- ABOUT THIS EXERCISE -
What you return should be exactly the lines from the one containing "Band 2_1.4 MHz_High_QPSK_RB6#0_1(30MHz-1GHz)" down to the final line of the listing, with nothing else.

- DATA SECTION -
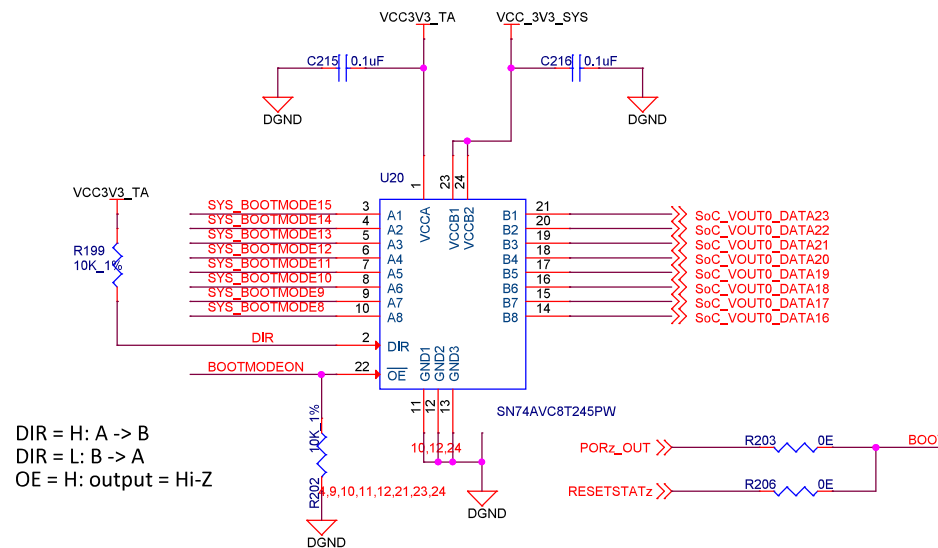

BOOT MODE Setting

SOC GPMC

Title		3Egreen GW12	
Size	Document Number	BOOT MODE SETTING	
Date:	Friday, October 21, 2022	Sheet	14 of
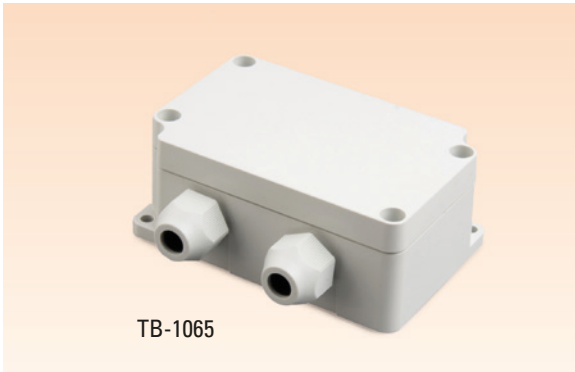

COLOR LIGHT GRAY

TB-204-B

SINGLE GLAND

PACKAGING 20 PCS/BOX

TB-240

TB-240

SINGLE GLAND (HINGED)
100 x 40 x 30 mm

IP-67 ENCLOSURES WITH CABLE GLAND

MATERIAL ABS V0

COLOR LIGHT GRAY

PACKAGING 20 PCS/BOX

TB-242

TB-242

SINGLE GLAND (WITH EARS)
100 x 40 x 30 mm

IP-67 ENCLOSURES WITH CABLE GLAND

MATERIAL ABS V0

COLOR LIGHT GRAY / BLACK

PACKAGING 20 PCS/BOX

TB-520

82,5 x 65 x 45 mm

**IP-67 ENCLOSURES WITH
CABLE GLAND**

| | |
|-----------|------------|
| MATERIAL | ABS VO |
| COLOR | LIGHT GRAY |
| PACKAGING | 20 PCS/BOX |

TB-1065

100 x 65 x 40 mm

**IP-67 ENCLOSURES WITH
CABLE GLAND**

| | |
|-----------|------------|
| MATERIAL | ABS VO |
| COLOR | LIGHT GRAY |
| PACKAGING | 20 PCS/BOX |

TB-1865

180 x 65 x 45 mm

**IP-67 ENCLOSURES WITH
CABLE GLAND**
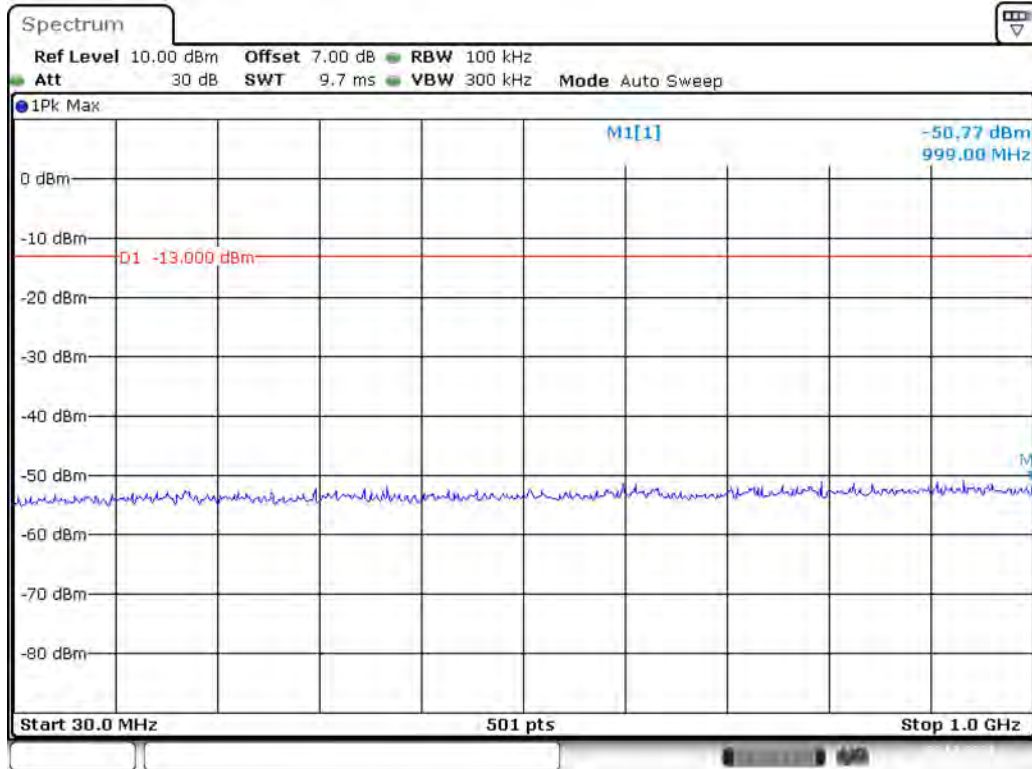

Band 2_1.4 MHz_High_QPSK_RB6#0_1(30MHz-1GHz)

Date: 29.OCT.2021 14:53:03

- OUTPUT FOR THIS TASK -
Band 2_1.4 MHz_High_QPSK_RB6#0_1(30MHz-1GHz)

Date: 29.OCT.2021 14:53:03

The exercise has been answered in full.